# Will quilling permanently affect his personality?



## spastic_jedi (Nov 11, 2009)

So, now I have a rough Idea how old Hiccup is because he has been quilling lately. It must be his adult quilling... I've made sure it's not mites *which I was worried at first it was* and I've seen a few new quills growing in on his back.
I've noticed the grumpy new personality he has since he's been quilling , understandably so since it's probably uncomfortable for him.
What I want to know is can quilling change a hedgie's personality permanently? Hiccup was very sweet and loving when I first got him and not that I will love him any less if he grows up to be more like his moody big brother Moose. I just want to know if this is something that will change him permanently or not? What are your experiences with quilling hogs and personality changes? 
I'll still cuddle him to death even if he decides to become a big ball of popping anger... It'd just be nice to know my sweet little boy that gives me kisses is still in there


----------



## susanaproenca (Aug 14, 2010)

I'll answer your question with my personal experience with quilling. We got Col. Mustard when she was turning 1 year old. Her former "family" just didn't take good care of her at all, and she wasn't handled too much either (her ex-owner is a 8 years old kid...)
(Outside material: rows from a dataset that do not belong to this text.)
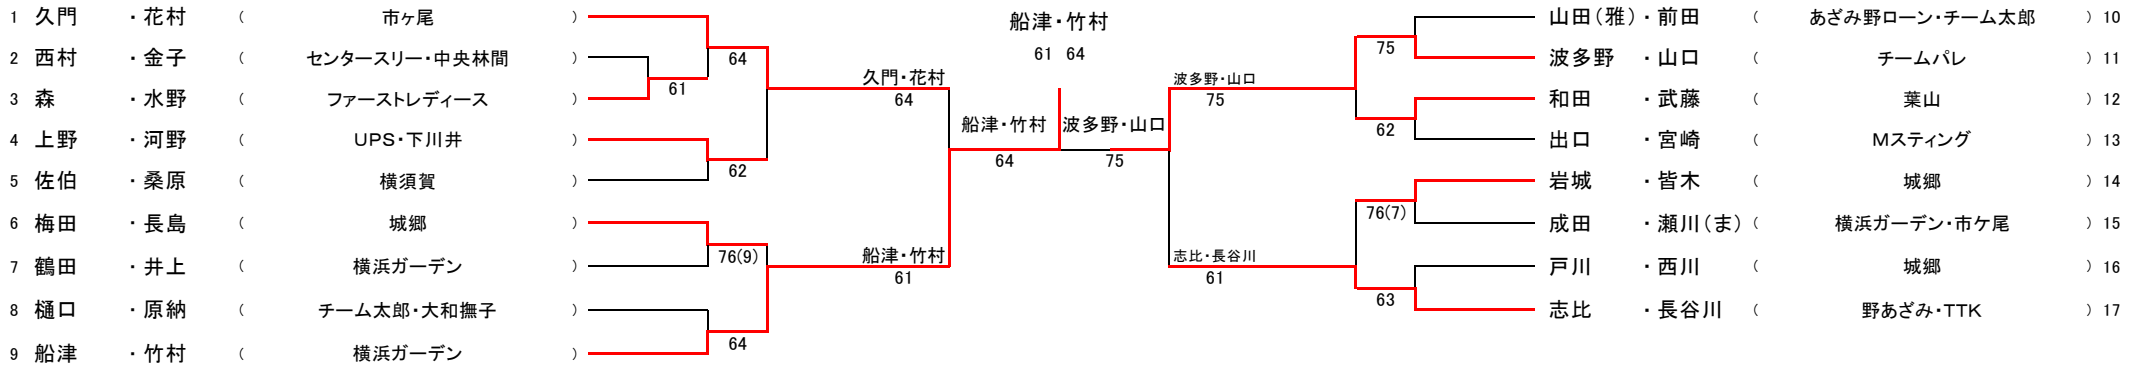

桑名杯レディーステニス大会 2016 by DUNLOP

日時: 2016年6月14日(火)・15日(水) 順延日 6月16日(木)

会場: 厚木市営南毛利スポーツセンターテニスコート

一般の部 本戦ドロー

| 6/14(火) | | | 6/15(水) | | | | | 6/14(火) | | |
|---------|----|----|---------|----|---|----|----|---------|----|----|
| 1R | 2R | 3R | QF | SF | F | SF | QF | 3R | 2R | 1R |

50才以上の部 本戦ドロー

| | | | | | | | | |
|----------|----|----|----------|---|----|----------|----|----|
| 6/14 (火) | | | 6/15 (水) | | | 6/14 (火) | | |
| 1R | 2R | 3R | SF | F | SF | 3R | 2R | 1R |

優勝

60才以上の部 本戦ドロー
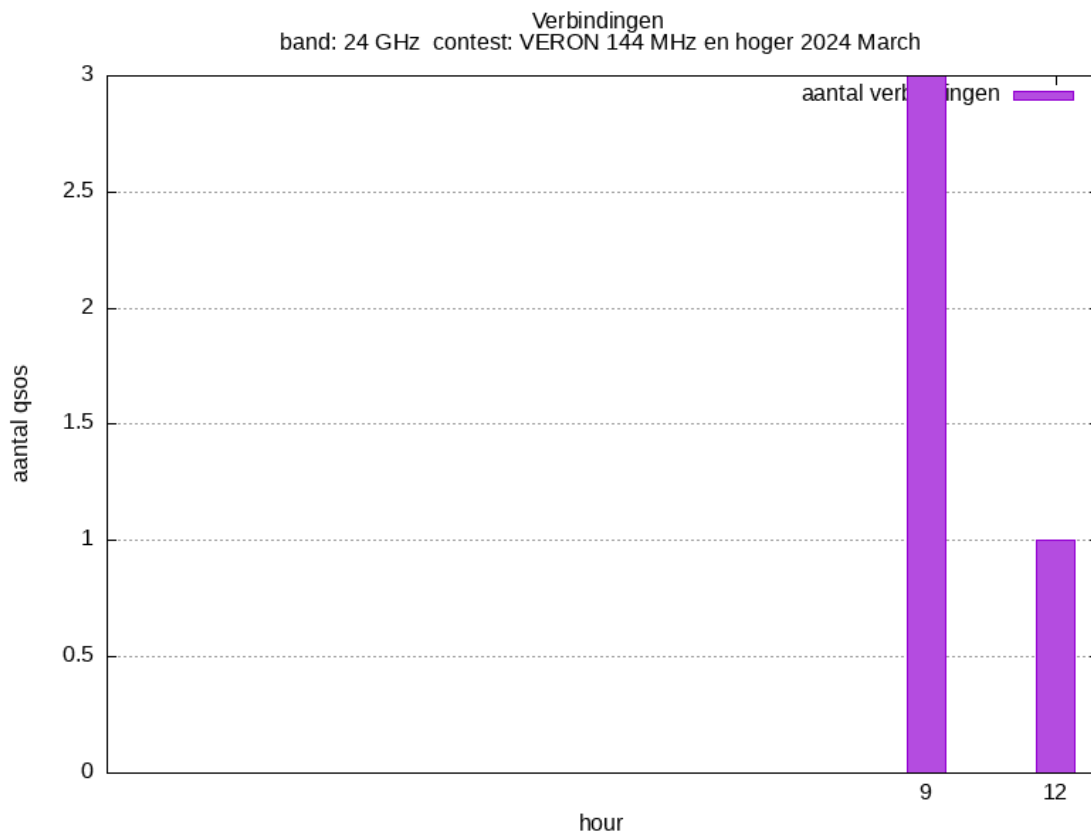

Band: 144 MHz. Alle Verbindingen van de deelnemers op 2024-03-02/03

Band: 432 MHz. Alle Verbindingen van de deelnemers op 2024-03-02/03

Band: 1.3 GHz. Alle Verbindingen van de deelnemers op 2024-03-02/03

Band: 2.3 GHz. Alle Verbindingen van de deelnemers op 2024-03-02/03

Band: 3.4 GHz. Alle Verbindingen van de deelnemers op 2024-03-02/03

Band: 5.7 GHz. Alle Verbindingen van de deelnemers op 2024-03-02/03

Band: 10 GHz. Alle Verbindingen van de deelnemers op 2024-03-02/03

Band: 24 GHz. Alle Verbindingen van de deelnemers op 2024-03-02/03

Vereniging voor
Experimenteel
Radio Onderzoek
in Nederland

Uitslag Radiowedstrijd VERON 144 MHz en hoger 2024 March
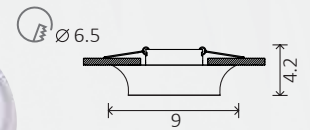

50W, GU10; G5,3
aluminum / алюминий

BASIC

A2103PL-1WH

NEW
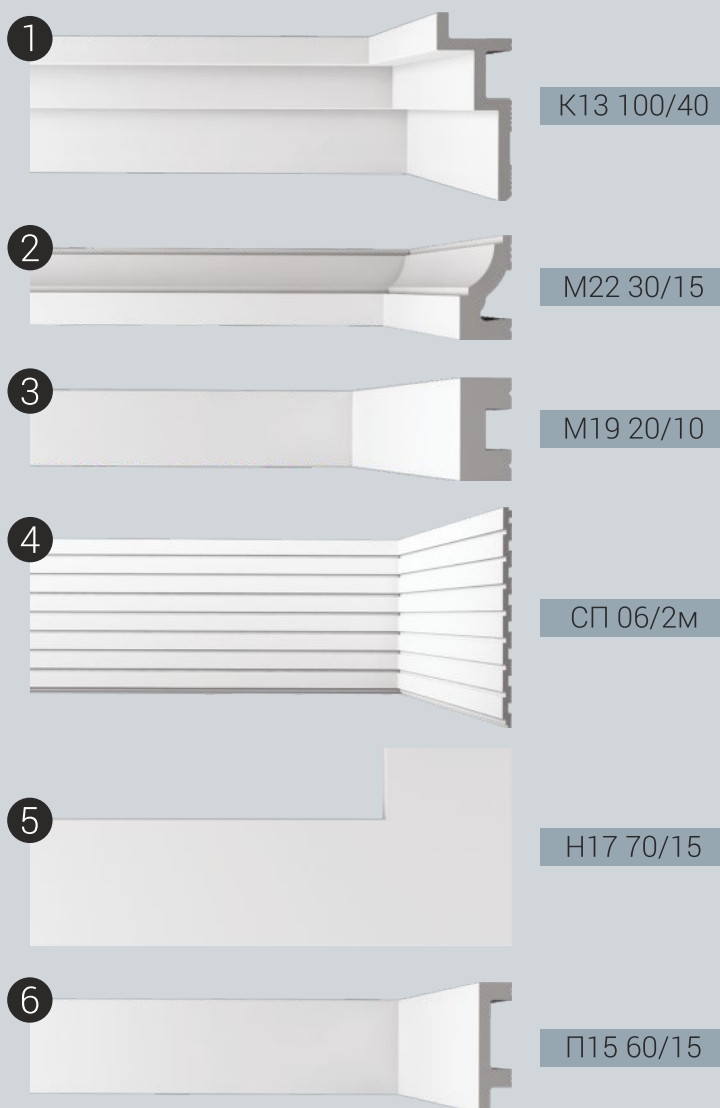

Хороший вкус начинается с дизайна

Идеальное сочетание
строгих линий
при множестве вариантов
дизайна помогают
подчеркнуть роскошь
интерьера
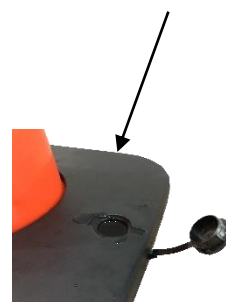

RCBASELO (leste)
RCBASEVD (vide)

*Disponible en Septembre 2020

VISO - ZI de la Vigne aux Loups - 7 Avenue Arago 91380 CHILLY-MAZARIN - FRANCE

www.viso-cpn.com

contact@viso-cpn.com
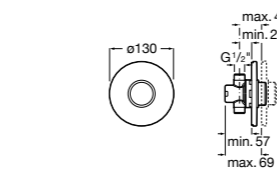

Fluent

5A9C24C00 Встраиваемый смывной кран для писсуара.
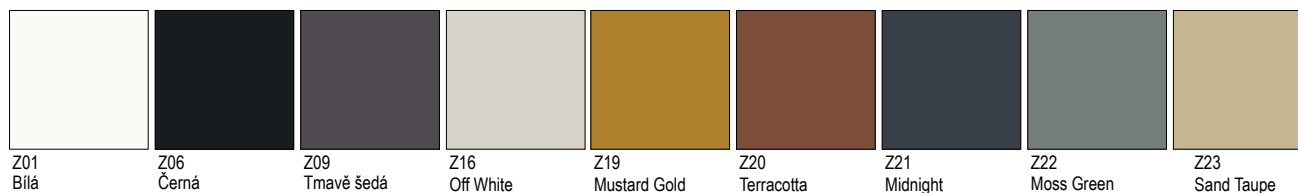

Boční strany skříněk si můžete vybrat v barevných dekorech.

Dřevěné dekory - CODE

Vysoký lesk lak - GLOSS

Satén lak - SILK

	Barva	Obj. č.	Cena	Rozměry
60x70x13 CM	Standard Satén Vysoký lesk	F016013CODE F016013SILK F016013GLOSS	13 426,-/16 245,- 16 066,-/19 440,- 16 864,-/20 405,-	
	za příplatek 	včetně 		
80x70x13 CM	Standard Satén Vysoký lesk	F016014CODE F016014SILK F016014GLOSS	16 078,-/19 454,- 18 707,-/22 635,- 19 515,-/23 613,-	
	za příplatek 	včetně 		
100x70x13 CM	Standard Satén Vysoký lesk	F016016CODE F016016SILK F016016GLOSS	17 144,-/20 744,- 19 785,-/23 940,- 20 594,-/24 919,-	
	za příplatek 	včetně 		
120x70x13 CM	Standard Satén Vysoký lesk	F016017CODE F016017SILK F016017GLOSS	17 055,-/20 637,- 19 706,-/23 844,- 20 504,-/24 810,-	
	za příplatek 	včetně 		
100x70x13 CM	Standard Satén Vysoký lesk	F016019CODE F016019SILK F016019GLOSS	18 751,-/22 689,- 21 447,-/25 951,- 22 257,-/26 931,-	
	za příplatek 	včetně 		
120x70x13 CM	Standard Satén Vysoký lesk	F016020CODE F016020SILK F016020GLOSS	19 965,-/24 158,- 22 673,-/27 434,- 23 481,-/28 412,-	
	za příplatek 	včetně 		
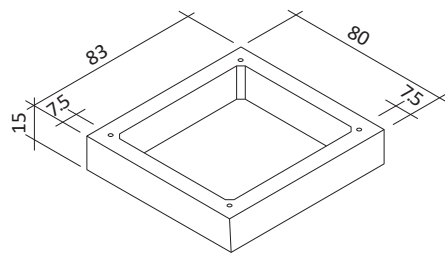

## Abzweigkasten lichte Weite 65 x 60 cm

Außenmaße ca. 83 x 80 cm

### Kabelschachtabdeckung 65/60 cm

Klasse B mit Lüftung (Alternativ ohne Lüftung)

Bauhöhe: 18 cm

Gewicht: 196 kg

### Zwischenrahmen 65/60 cm

Bauhöhe: 15 cm

Gewicht: 71 kg

### Kastenrahmen 65/60 cm

Bauhöhe: 31 cm

Gewicht: 118 kg
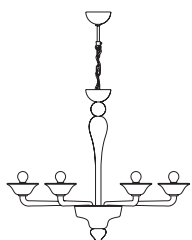

Laguna plafoniera 4L
Ø 77 cm - H 42 cm
4 x E14 40W

Laguna plafoniera 6L
Ø 77 cm - H 42 cm
6 x E14 40W

Laguna plafoniera 8L
Ø 77 cm - H 42 cm
8 x E14 40W

Laguna plafoniera 12L
Ø 77 cm - H 42 cm
12 x E14 40W

Laguna plafoniera 8L nero-cristallo

Laguna pendel 1L normale cristallo-oro

Laguna pendel 1L maxi ambra

Laguna pendel 1L
Ø 24 cm - H 15 cm
1 x E14 40 W

Laguna pendel 1L maxi
Ø 40 cm - H 15 cm
1 x E14 40 W

CA' D'ORO

Ca' d'Oro lampadario 3L
Ø 81 cm - H 68 cm
3 x E14 40W

Ca' d'Oro lampadario 4L
Ø 81 cm - H 68 cm
4 x E14 40W

Ca' d'Oro lampadario 6L
Ø 81 cm - H 68 cm
6 x E14 40W

Ca' d'Oro lampadario 8L
Ø 81 cm - H 68 cm
8 x E14 40W
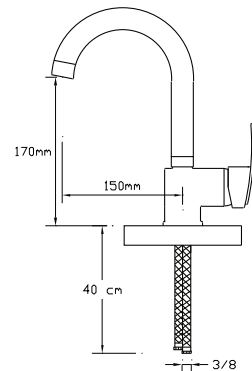

1825

Koli içindeki adedi	Fiyatı
8	1.050 TL
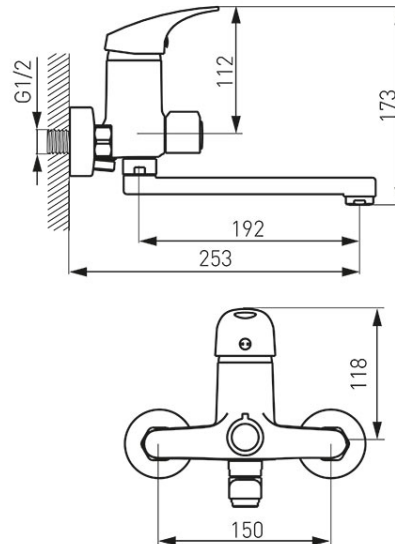

Код: BFO33A

Ferro One - смеситель для ванны настенный с вращающимся изливом 190 мм и душевым комплектом

<https://kz.ferrocompany.com/product-5873-BFO33A.html>

Индивидуальная упаковка: **1, индивидуальная упаковка со штрих-кодом для розничной продаже**

- керамический регулятор
- автоматический переключатель умывальник /душ
- настенный монтаж
- регулятор струи M24x1
- эксцентрический подвод G1/2 межцентровое расстояние 150 ± 20 мм
- вращающийся излив L-192 мм
- подключение душа G1/2
- с точечным душем
- хром
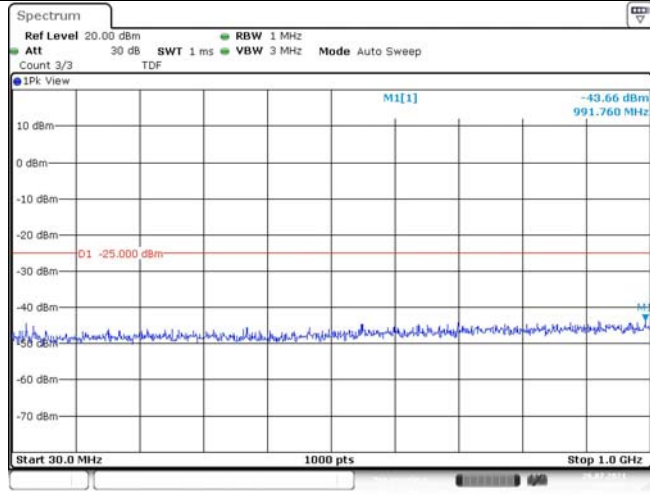

Date: 26.JUL.2021 17:34:51
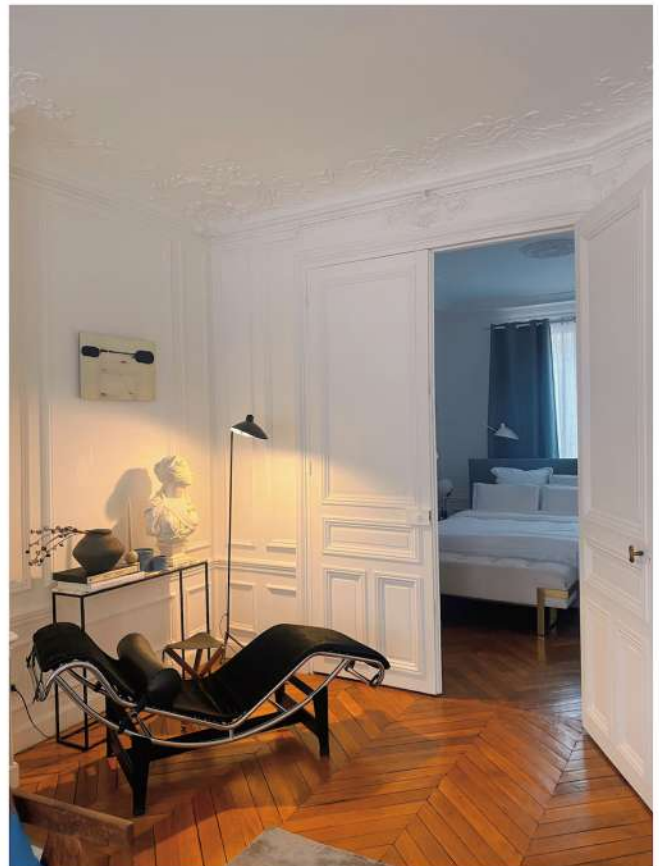

公寓：

这套74平方米，一室两厅的公寓是一个舒适且装饰精美的空间，复古元素与现代时尚的完美融合，昂贵的家具和精致的屋顶雕刻增添了公寓的魅力和优雅。

家居摆设融入了时尚元素，在经典设计中增添了一丝现代气息。从时尚的艺术品到别致的装饰品，这个空间完美地体现了房东无可挑剔的品味。

另有7.2平米的保姆房（可另购）。
可带家具出售。

银舍地产
AARIANE
Real Estate

银舍地产
AARIANE
Real Estate
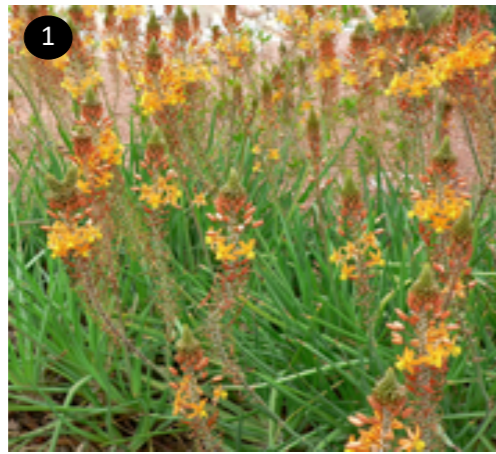

## LES ALOES

DESIGNATION	☼
ALOE arborescens	
ALOE striatula ⑦	-10°C

- BULBINE frutescens Hallmarck ①
- CORDYLINE australis en variétés ②
- DASYLIRION cedrosanum ③
- DASYLIRION leiophyllum ④
- DASYLIRION wheeleri ⑤
- DIANELLA caerulea Cassa Blue® ⑥
- DIANELLA caerulea Cool Vista® ⑦
- DIANELLA caerulea Little rev® ⑧
- DIANELLA caerulea Tas red® ⑨
- DIANELLA tasmanica Wyeena ⑩
- DIETES bicolor ⑪
- FESTUCA glauca Elijah blue ⑫
- FESTUCA glauca Intense blue® ⑬
- HELICOTRICHON sempervirens ⑭
- HESPERALOE parviflora ⑮
- HESPERALOE parviflora Rubra ⑯
- LOMANDRA longifolia LimeTuff® ⑰
- LOMANDRA longifolia Tanika® ⑱
- LOMANDRA White Sand® ⑲
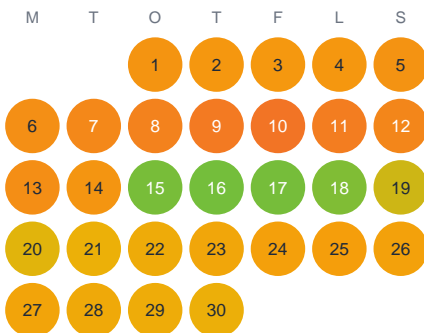

Huggtabell 2026 — Storsjön

Storsjön · Gävleborg · huggtabell.se · modell v1 (2026-06)

Januari

Februari

Mars

April

Maj

Juni

Juli

Augusti

September

Oktober

November

December
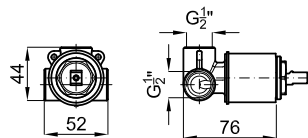

PROJECT LINE - Внутренняя часть встроенного смесителя для душа с керамическим картриджем 35мм и подключениями 1/2". Пропускная способность при 3х барах со смешанной водой 21л/мин

100107937
N194710510

хром

24,00 €
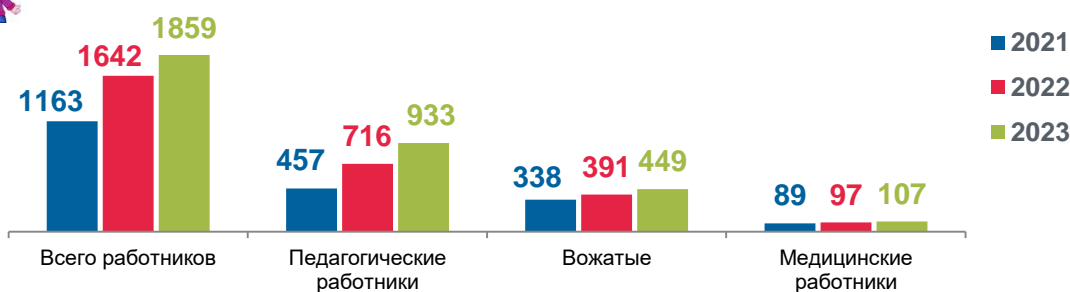

ЧИСЛО ДЕТСКИХ ЛАГЕРЕЙ

	Всего	Городская местность 	Сельская местность 
2021	78	20	58
2022	108	24	84
2023	168	34	134

ЧИСЛЕННОСТЬ ДЕТЕЙ, ОТДОХНУВШИХ В ЛАГЕРЯХ ЗА ЛЕТО, ТЫС. ЧЕЛОВЕК

ЧИСЛЕННОСТЬ РАБОТНИКОВ В ЛАГЕРЯХ, ЧЕЛОВЕК
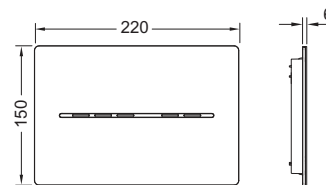

Afmetingen (b x h x d): 220 x 150 x 6 mm

Functie van de elektronica:

de sensor herkent wanneer iemand de wc nadert en pas dan wordt de spoelknop verlicht. De spoeling wordt zonder aanraking of door de toets even aan te raken geactiveerd. Dankzij de app-programmering kan de TECESolid WC-elektronica aan individuele eisen worden aangepast.

Programmeerbare functies (via Bluetooth-interface en app):

- eenvoudige spoeling of waterbesparende duospoeling
- herkenningbereik van de sensor
- Interval-hygiënespoeling
- activeringstijd
- voorspoeling
- automatische spoelknop (veiligheidspoeling)
- verlichtingshelderheid van het display

Evaluatie-/logboekfunctie via app, interface met het gebouwbeheersysteem en voor spoeling op afstand via bedrade elektronische drukknop op de steunbeugel.

Opmerking:

- Niet in combinatie met WC-inbouwframes met bouwhoogtes 980, 820 en 750 mm.
- Niet in combinatie met TOTO Washlets RX en SX.

KG 3 | 20.0904.0100

Kleur	Showroommodel	Best.-Nr.	VE 1
Glanzend chroom	—	9240461	1 st.
Glanzend wit	—	9240462	1 st.
Mat wit	—	9240463	1 st.
Geborsteld rvs (met anti-vingerprint)	Ja	9240464	1 st.
Mat zwart	—	9240465	1 st.

Informatie over showroommodellen vindt u in het hoofdstuk "Showroommodellen".
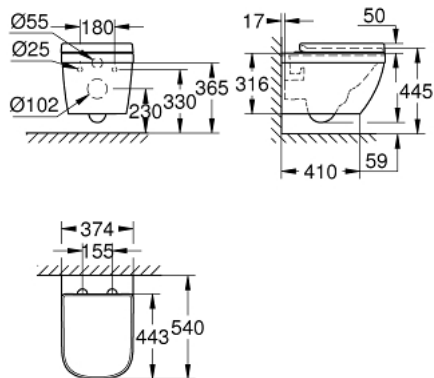

39 554 000 EURO CERAMIC VISEĆI WC SET

OPIS PROIZVODA

- Colour: alpine white
- sastoji se od:
 - Euro Ceramic wall hung WC with Triple Vortex (39 328 000)
 - podžbukni vodokotlić
 - odvod u zid
 - GROHE Triple Vortex tehnologija ispiranja
 - ispiranje tlakom ispuštene vode prema odvodu
 - bez obruba
 - class 1, full flush 6 l, 5 l according to EN997
 - flushes with 3 l for small flush
- sanitarna keramika
- u potpunosti obrubljen s nevidljivim učvršćivanjem
- Euro Ceramic WC seat with lid
- sporospuštajuće
- funkcija brzog otpuštanja šarki
- odvojivo
- materijal: Duroplast
- uključen set za učvršćivanje
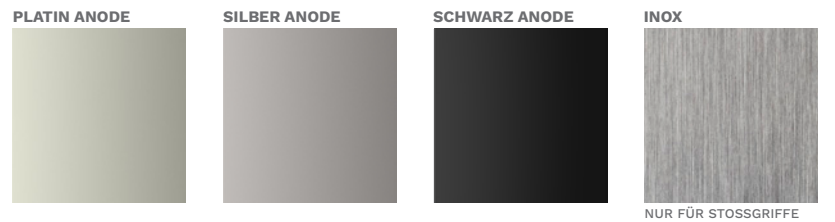

TÜRBSCHLÄGE Standard

TÜRBSCHLÄGE Aufpreis

FARBEN DER QUADRO-EINSÄTZE

FARBEN DER TÜRBSCHLÄGE

FARBEN DER TÜREN

* GEGEN AUFPREIS ** FÜR TÜREN MIT VERGLASUNG RC2N

KPI LUCERNA

KP2B LOZANNA B

After about a huffy first week with us, she started showing the most loving personality. A huge cuddle bug, very sweet. A couple of weeks later, she started going through her 1 year old quilling, and became a ball of mean spikes. 

Once the quilling was done, she went back to her sweet self, and she gets friendlier every day, so I'd say that as long as you keep loving him and handling him (being gentle not to bother him too much ) he should go back to being the loving hedgehog "pre-quilling."


----------



## PJM (May 7, 2010)

Our Zoey was about 1 1/2 years old when we first got her. She was also a huffing ball of spikes. Way past the quilling phase. But, after spending considerable time & energy on her, she is very much a changed hedgie. 

I am a believer. People can change. Hedgies can change.


----------



## spastic_jedi (Nov 11, 2009)

I hope he goes back to normal lol though it wouldn't bother me if he turned out just like Moose haha


----------



## Nancy (Aug 22, 2008)

Yes, their personalities can change permanently with quilling. It doesn't happen often but it does happen. I've had a couple who were absolute dolls and quilled into total antisocial, do not touch me ever, hedgehogs.


----------



## RalphsMum (Oct 14, 2010)

hmmmmm...that was a good question spastic_jedi. I wondered the same about Ralph. He has become way more huffy and anti-social since his quilling. We still interact with him in exactly the same way as before so hopefully over time he'll relax.


----------



## spastic_jedi (Nov 11, 2009)

Basically, I'm looking at it like he is going through puberty :lol: 
He'll be a moody teenager for a while and either grow out of it and go back to his sweet self or let it turn him into a grouchy bum. 

Thanks for the heads up Nancy, I'm glad to hear it is possible so I can at least be prepared for the off chance of him to not changing back.


----------



## Nancy (Aug 22, 2008)

When my Peaches (RIP) went through quilling and puberty she was absolutely HORRIBLE. She went from a sweet little doll to a huffing popping grump. I asked her almost daily why I ever thought I wanted her. :lol: She was probably the worst I've seen. Once it was over, she was back to her sweet little self. 

Keep up gentle handling, treats and acting normal. They do come back around most of the time.


----------



## RalphsMum (Oct 14, 2010)

Puberty....now you mention it...

My partner's 16 year old son.....
- stays in his room all the time, only comes out later at night or stays awake until some idiotic time in the early morning...
- has the ability to make any clean and tidy room look like a war zone in less than 5 minutes...
- rarely speaks and mumbles and grumbles alot
- can be terribly moody and huffy.
- is sociable one day and not the next
- picky eater, likes something one minute and not the next
- snacks alot and likes treats
- sometimes smells like he has died....
- spends time with his friends "wheeling" - sorry...."long-boarding"

He's a decent kid an' all but I will not chop his food into small pieces, bathe his feet or clean his bathroom (he's on his own with that one...not sure where to buy hazmat suits...)...

so yeah....puberty, can totally see that one lol!


----------



## spastic_jedi (Nov 11, 2009)

:lol: !


----------